Прямо под ним, как будто вырастая из синеющей глубины, поднимался вверх огромный собор.
Он был велик, как горный хребет. Прекрасен, как застывшее пламя. Стайки мелких рыбешек скользили между каменными соцветиями кровли, огибали медные чаши навсегда умолкнувших колоколов, блестящими серебряными монетками проплывали мимо статуй, увенчивающих ребра контрфорсов [90] . Собор казался исполином из древних времен, когда-то прекрасным и полным величия, а теперь — безмолвным и неживым, застывшим в сердцевине прозрачно-голубого кристалла. Цветные витражи выдавила из свинцового переплета вода, рваные лохмотья водорослей раскачивались на лепестках каменной розы [91] .
Очарованный, напуганный, удивленный, он поплыл вниз, чтобы лучше все разглядеть.
Стены собора были разрезаны высокими стрельчатыми окнами, три десятка колонн поддерживали его свод.
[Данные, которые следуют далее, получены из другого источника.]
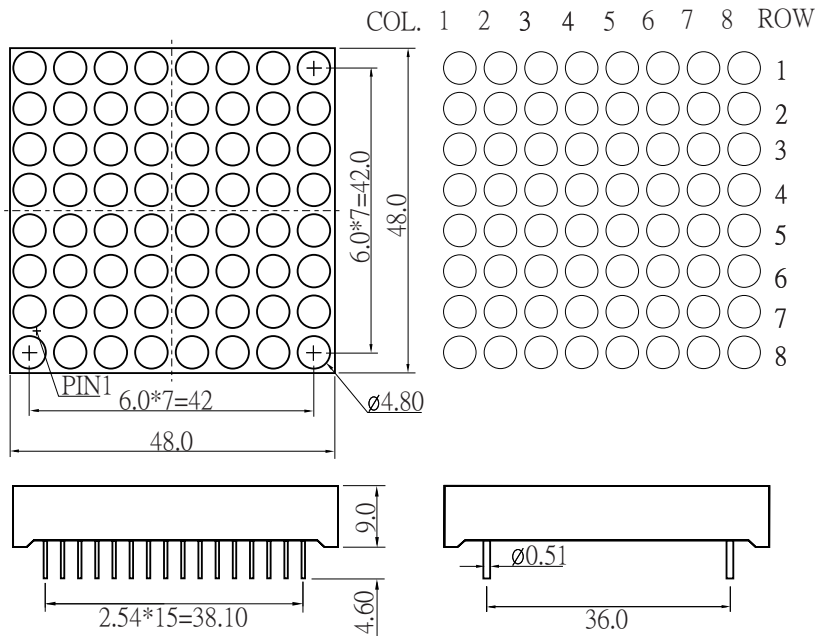

### KT04881

### CODE S

↖ = BLUE ↗ = GREEN ↘ = ORANGE

### CODE R

↖ = BLUE ↗ = GREEN ↘ = ORANGE

Над каждым из окон располагалось каменное кольцо, внутри которого был помещен выпуклый двенадцатиконечный крест. Дрожащие пузырьки воздуха пронизывали гигантское туловище собора жемчужными нитями, водяные тени играли повсюду.
Тишина — вот все, что осталось здесь. Все прочие звуки растворила вода. Она заполняла немые трубы органа, мягко сжимала языки колоколов. Ни исповедь, ни молитва, ни шаркающие шаги сторожа больше никогда не будут слышны под этими сводами. Деревянные скамьи, на которых когда-то сидели тысячи прихожан, давно уже сгнили, свечи растаяли, серебро алтаря почернело, покрылось слизью. Из прежнего убранства уцелели лишь каменные кресты на стенах, и стебли колонн, и статуи, взиравшие со своих крошащихся постаментов. В серо-голубой мгле, наполнявшей собор, было тяжело разобрать, кого именно изображали эти статуи — рыцарей, священников или пророков. Время и толща воды стерли их лица, стерли губы, носы и глаза. Но облик каждого из них был суровым и властным, вытянутые вперед руки несли обличающий, безмолвный приказ — видимо, скульптор желал, чтобы каждый, кто проходил мимо этих статуй, как можно острее почувствовал свое ничтожество перед лицом высшей силы.
Проплыв по центральному нефу от западных врат до расположенного в восточной части высокого алтаря, он вдруг остановился. Прямо перед ним, придавленный одной из упавших статуй, лежал человек. Живой человек. Он пытался выбраться, пытался сдвинуть каменного истукана, который весил в несколько раз больше, чем он сам. Белые пузыри бешено рвались из его рта, глаза вылезли из орбит, пряди волос поднимались вверх, извиваясь, как стебли водорослей. Немой крик убивал его, лишая остатков воздуха.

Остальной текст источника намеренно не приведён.